In a prior study, Priori et al. proposed a risk stratification scheme for LQTS patients that is based on the LQTS genotype, QTc, and gender.16
This study, however, assessed a composite end point of cardiac events of any type, comprising mostly nonfatal symcopal episodes,16
whereas the large sample size of genotyped LQT2 patients in the present study facilitated for the first time the development of a risk stratification scheme for the end point of life-threatening cardiac events within the LQT2 population. We show that combined assessed of clinical and genetic data, related to mutation-location, can be used to identify risk groups of LQT2 patients with a significantly different risk of ACA or SCD and with a pronounced difference in the rate of ACA or SCD during follow-up. These findings suggest that risk stratification in long QT syndrome should combine clinical and mutation-related risk factors that are specific for each of the 3 main LQTS genotypes.

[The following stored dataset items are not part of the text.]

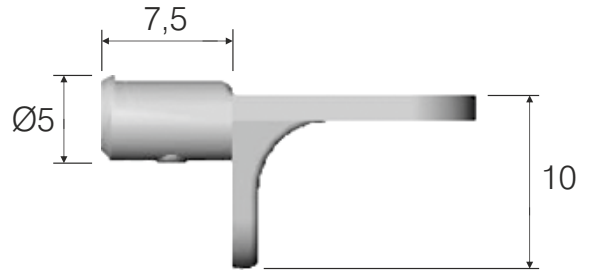

Raf Taşıyıcılar / Shelf Support / Полкодержатели

SİPARİŞ KODU ORDER CODE АРТИКУЛ	KOD CODE КОД	AÇIKLAMA DESCRIPTION / НАИМЕНОВАНИЕ	D	F	LxWxH	Ad Pcs ШТ.
					kg	Ad Pcs ШТ.
103-02-06	0043	Ø5mm metal raf pimi (ahşap için) Ø5mm metal shelf support plug in for wood Ø5mm Полкодержатель металлический для ДСП	Ø5x7,5mm	402	29 x 19 x 13	1.000
					10,520 kg	5.000
103-02-07	0043P	Ø5mm vantuzlu metal raf pimi (cam için) Ø5mm vacuum metal shelf support plug in for glass Ø5mm Полкодержатель металлический для стекла	Ø5x7,5mm	402	29 x 19 x 19	1.000
					11,880 kg	5.000
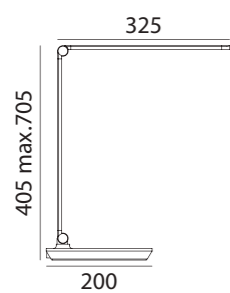

SUSI

SUSI

LED 10W 530lm 3000K_6500K

REF: 5-7980-81-02 Blanco · White · Blanc

REF: 5-7980-91-02 Negro · Black · Noir

Prior data suggest that LQT2 patients expereince a relatively high rate of cardiac events during beta-blocker therapy.17
In the present study medical therapy with beta-blockers was associated with pronounced 61% reduction in the risk of ACA or SCD in the total LQT2 population. However, the present findings also suggest that careful follow-up, with consideration of ICD therapy for primary prevention, is warranted in high- and very-risk LQT2 patients. These patient subsets were shown to experience 3.5 to 5.3 events per 100 patient years (which correspond to a high rate of 1.5 to 2.1 life-threatening cardiac events per patient from birth through age 40 years) despite frequent usage of beta-blocker therapy (>80%).
We did not carry out expression studies to assess the effects of estrogen and testosterone on ion channel mutations by their location. Therefore, further studies are necessary to evaluate the mechanism related to the observed gender-specific risk related to mutation-location.

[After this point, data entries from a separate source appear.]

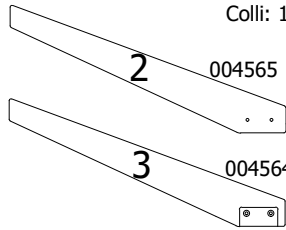

Adelaide Outdoor

Design by BoConcept

Samvejledning - Assembly Instructions - Montageanleitung - Instructions d'assemblage - Instrucciones de montaje

300-1300
75x90x200 cm

Korpus - Korpus - Carcase - Carcasse
Colli: 1301

Colli:1303

Colli: 1302

Beslag - Beschläge - Fittings - Set de montage

Colli:1303
No. 937000006

970001518
Hexagon socket Countersunk screw
A x 6

970001519
O-Ring Ø8xØ1,8
B x 6

970001225
Screw ph 4,5x12 mm
C x 24

970001477
Pinnose M6x35
D x 8

970001478
Wrench
E x 1

970003166
Allen key 5mm,40x90mm
F x 1

12x

970001225
C x 24

DK Ved reklamation oplyses følgende:
 D Im Reklamationsfall, bitte folgendes erläutern:
 US In case of claims, please state the following:
 F En cas de réclamation, veuillez indiquer:
 NL Bij service volgene mededelen
 E En caso de reclamación, indicar lo siguiente:
 P No caso de reclamação, por favor indique o seguinte:
 JP お気づきの点等ございましたら、以下の点をお知らせください。

Due to sample size limitations we did not carry out comprehensive analysis of the relation between all function regions of the KCNH2 channel (including the PAS, CNBD, other C-terminus and N-terminus domains) and gender-specific risk. However, the results from the secondary analysis in which nonpore-loop mutations were further subcategorized into mutations in the transmembrane and C/N-terminus regions support the consistency of our findings.

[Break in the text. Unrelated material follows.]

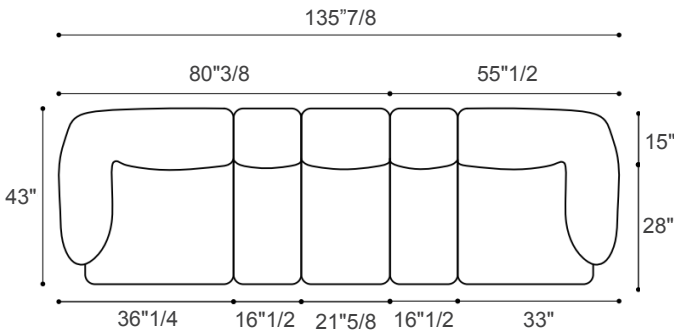

A) 3 cushions included

Conclusions and Clinical Implications
The present study shows a distinct association between mutation characteristics and time-dependent differences in the clinical course of LQT2 patients. We have shown that after the onset of adolescence women with and without high risk mutations exhibit increased risk for life-threatening cardiac events, whereas the risk of ACA or SCD in men is increased only among carriers of the higher-risk pore-loop mutations. Thus, a comprehensive approach, that combines clinical and genetic data, should be employed for risk assessment and management of LQTS patients.